Abstract

Abstract Knowledge of freezing characteristic of a porous media is necessary to investigate heat and water transfers in cold regions. The unfrozen water content of soil‐water system is affected by its complicated internal characteristics and external factors such as temperature and pressure. Although various experimental and analytical methods have been proposed to explore the complex relation between unfrozen water and temperature, most of them are empirical or limited. In this study, a sphere‐cylinder dual structure is proposed according to surface adsorption and double electrical layer effect, and then a theoretical upscaling framework is presented based on particle size distribution and the Clapeyron equation. The proposed model predicts the freezing characteristic in soil‐water systems from a new pore structure considering the micro‐pore space geometry. In order to evaluate the new model, 21 data sets from literature and two data sets from nuclear magnetic resonance (NMR) tests in this study are used to compare with predicted results, and excellent match is obtained.
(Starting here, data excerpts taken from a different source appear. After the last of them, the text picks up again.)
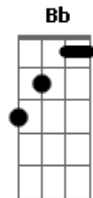

© ukulele-chords.com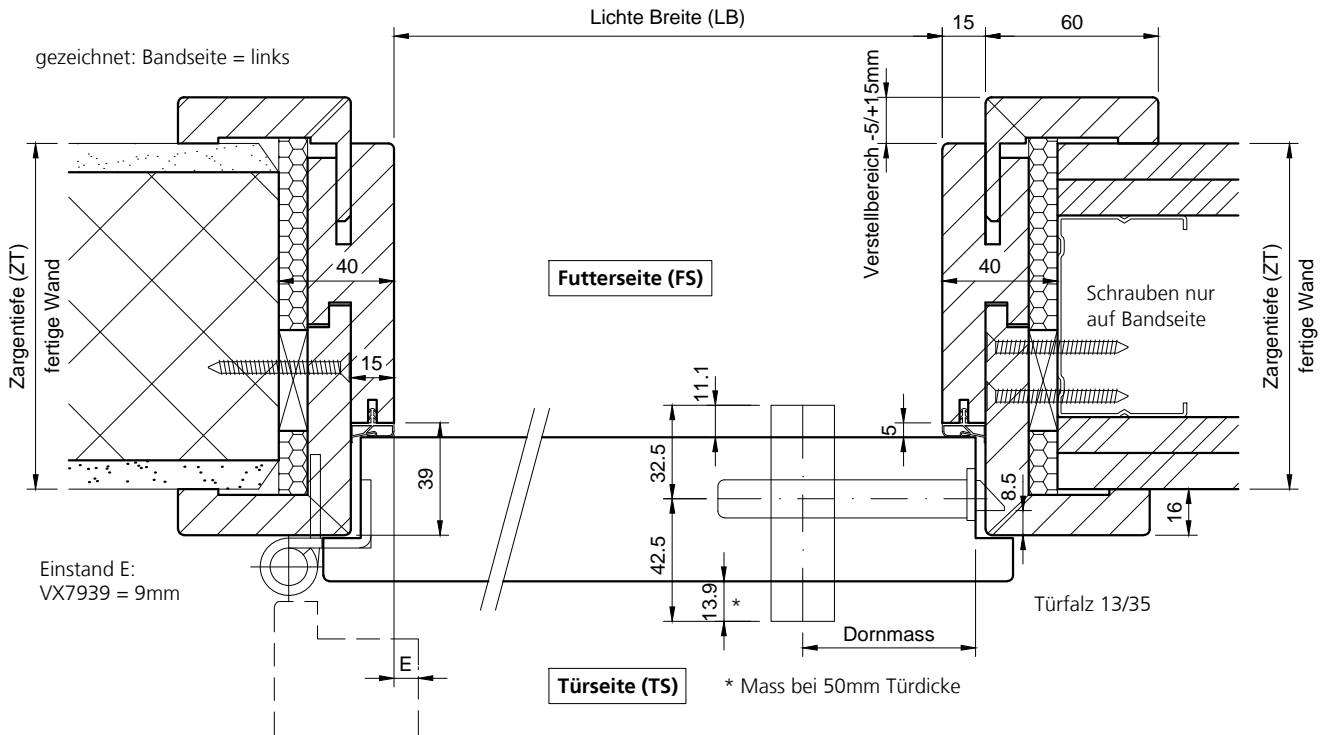

Holz-Umfassungszarge Typ HZA-SMART² auf MBW oder LBW,
 Kunstharz CPL beschichtet. Mit 49-51mm Türblatt.

Brandschutz-Tür VFH/50(.A), Ausführungen:	
VKF Nr. 17422	1-flg., ohne/mit Alu, ohne Glas
VKF Nr. 17426	1-flg., ohne/mit Alu, mit Glas

Zarge auf Bandseite mit Wand/Ständer verschraubt und kompl.
 mit 2K-Schaum (B2) ausgeschäumt.

Schwellenlos

Winkelschwelle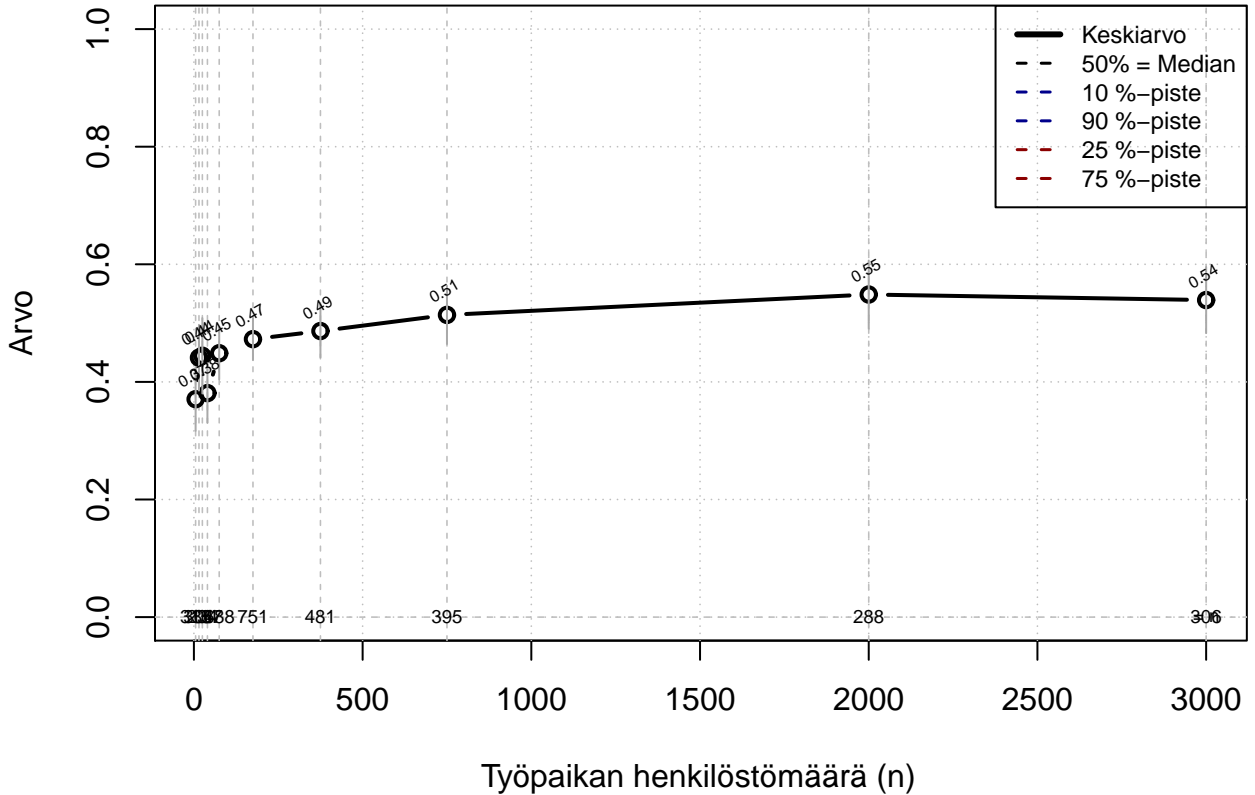

työvuorojen vaihtaminen {0=Ei, 1=mahdollinen}

Kohderyhmä: KAIKKI : 1
Osa-aineisto: ToimiAsema1=='Assistent'
(TPHLOST) tmt 209,210,211,212,213 2013-06-07 TAJM11x

The improved method has an advantage in predicting unfrozen water content at lower temperatures. In addition, from the soil freezing characteristic curve, it can be found that the residual unfrozen water contents are positively associated with clay content. Moreover, in low temperature range, T 2 cut‐off value decreases with the decrease of temperature. As a fundamental study, the soil freezing characteristic researched in this study is helpful for the research on the hydraulic conductivity of frozen soil, which is significance for the stability analysis in cold region engineering, and the hydro‐ecological process in seasonal frozen soil area.